Selecting fluid system components for use in sour oilfields

Swagelok Corporation
By Process Online Staff
Monday, 13 December, 2010

The conditions under which oil and gas are brought from their reservoirs to the surface can be outright hostile to many common materials used in fluid system components employed in industry. Potentially dangerous mechanisms include localised corrosion, stress corrosion cracking (SCC) and sulphide stress cracking (SSC).

SSC has become increasingly common as more sour reservoirs are being developed - for example, those in the northern part of the Caspian Sea that contain up to 20% hydrogen sulphide (H2S). Ageing reservoirs can also turn sour as abiotic and biotic reactions take place. This article describes how to select the optimal materials of construction for components that need to perform reliably for many years in the demanding sour environments of oil and gas exploration and production.

Localised corrosion

Pitting corrosion or crevice corrosion occurs when the chromium-rich passive oxide film on an alloy surface breaks down in a chloride-rich environment (Figure 1). Higher chloride concentrations, more acidic environments and elevated temperatures all increase the likelihood for breakdown of this passive film. The higher an alloy’s pitting resistance equivalent number (PREN), the higher its resistance to localised corrosion. The most frequently used relationship for calculating PREN is:

PREN = %Cr + 3.3(%Mo + 0.5%W) + 16%N

where %Cr means percentage of chromium etc.


Figure 1: Cross-section of 316 stainless steel tubing showing deep corrosion pits on the outer surface.

Values of PREN for frequently used alloys with typical compositions are shown in Table 1.

Table 1: Pitting resistance equivalent number (PREN) for frequently used alloys.
Alloy 316 317 2205 2507 254SMO AL6XN 825 625 C-276
PREN Value 24 29 35 43 43 44 31 51 74

Stress corrosion cracking (SCC)

In the presence of chloride ions, for example in a marine environment, certain alloys are susceptible to SCC, or chloride ion-induced SCC. The chloride ion interacts chemically with the material at the very tip of a crack where tensile stresses are highest, making it easier for the crack to propagate.

This failure mode can destroy a component at stress levels that are below the yield strength of an alloy, and final failure can occur suddenly.

For SCC to occur, three conditions must be met simultaneously: the material must be susceptible to SCC; the fluid must be capable of inducing SCC; and a tensile stress must be present that is greater than a critical tensile stress.

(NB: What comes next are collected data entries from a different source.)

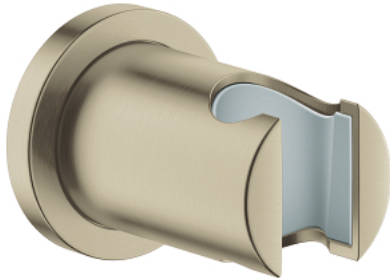

27 074 EN0 RAINSHOWER WALL SHOWER HOLDER

MÔ TẢ SẢN PHẨM

- Colour: brushed nickel
- not adjustable
- Kèm theo ốp chụp lỗ khóa hình tròn
- Bề mặt mạ GROHE LongLife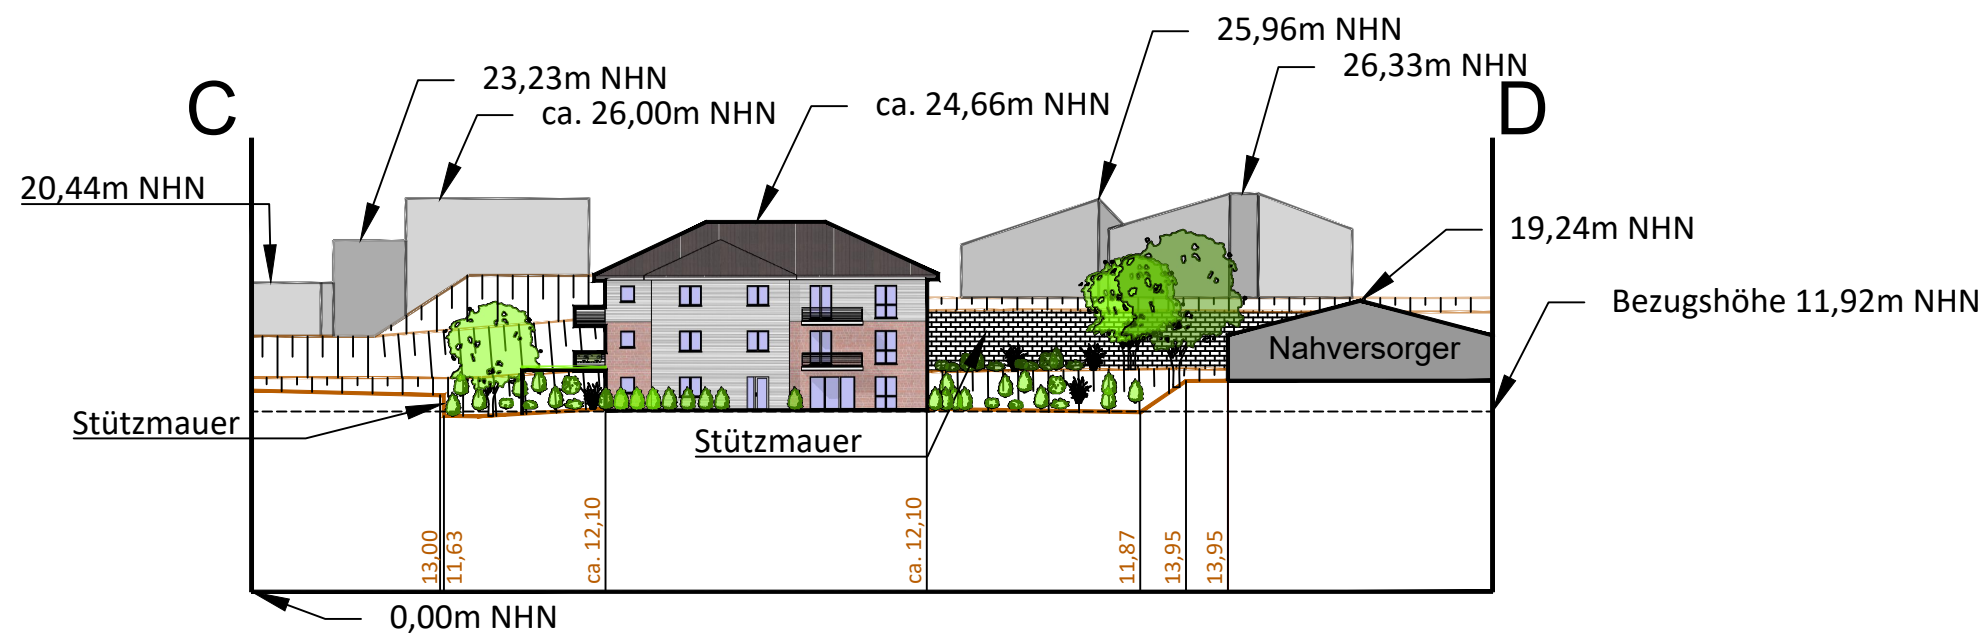

Stadt Kellinghusen - Bebauungsplan Nr. 59 - Freiflächenplan - Schnitt

MÖLLER-PLAN

Stadtplaner + Landschaftsarchitekten
Schlödelsweg 111
22880 Wedel

Tel. 04103 - 91 92 26
Fax. 04103 - 91 92 27
Internet www.moeller-plan.de
E-Mail: info@moeller-plan.de

Vermessung:

**Vermessungsbüro
Bach und Paulsen**
Schwarzer Weg 13
24837 Schleswig

**Vermessungsbüro
Bach und Paulsen**
Dipl.-Ing. Asmus Paulsen
M. Sc. Jörn-Asmus Paulsen

Vorhabenträger:

Rainer Offen & Söhne GbR
Ziegeleiweg 1a
24649 Wiemersdorf

Projekt:

Stadt Kellinghusen - Bebauungsplan Nr. 59

Titel:

Schnitt

Maßstab	Datum	Objekt- / Plannr.
M. 1 : 500	07.12.2021	19-13

Bearbeitet R. Möller + B. Möller / D. Wolff / C. Möller

Änderungen

M:\Kellinghusen\B-Plan_59_Lindenstrasse\Plaene\acad\20211207_BP59_Freiflaechenplan.dwg

Some alloys are considerably more prone to SCC than others, with nickel content playing a major role. Austenitic stainless steels like 304 (8-10% nickel) and 316 (10-14% nickel) are particularly susceptible (Figure 2). Carbon steels, nickel base alloys and duplex stainless steels are highly resistant to SCC.

Sulphide stress cracking (SSC)


Figure 2: Photomicrograph of chloride-induced stress corrosion cracking in 316 stainless steel (100x magnification).

Raw oil can be contaminated with undesirable compounds. When H2S and large quantities of carbon dioxide (CO2) are present, the unrefined fuels are said to contain ‘acid gas’ because these gases form acids when mixed with water. The term ‘sour gas’ is used for unrefined fuels containing H2S - a very corrosive, toxic and flammable gas.

The requirements for SSC to occur include: a susceptible material; a sufficiently sour fluid (H2S concentration above a threshold); and a tensile stress above a critical level. An increase in the following parameters can contribute to the rate at which SSC occurs: material properties such as tensile strength and hardness; hydrogen ion concentration in the fluid (pH-value); H2S partial pressure; total tensile stress (applied and residual); temperature; and exposure time.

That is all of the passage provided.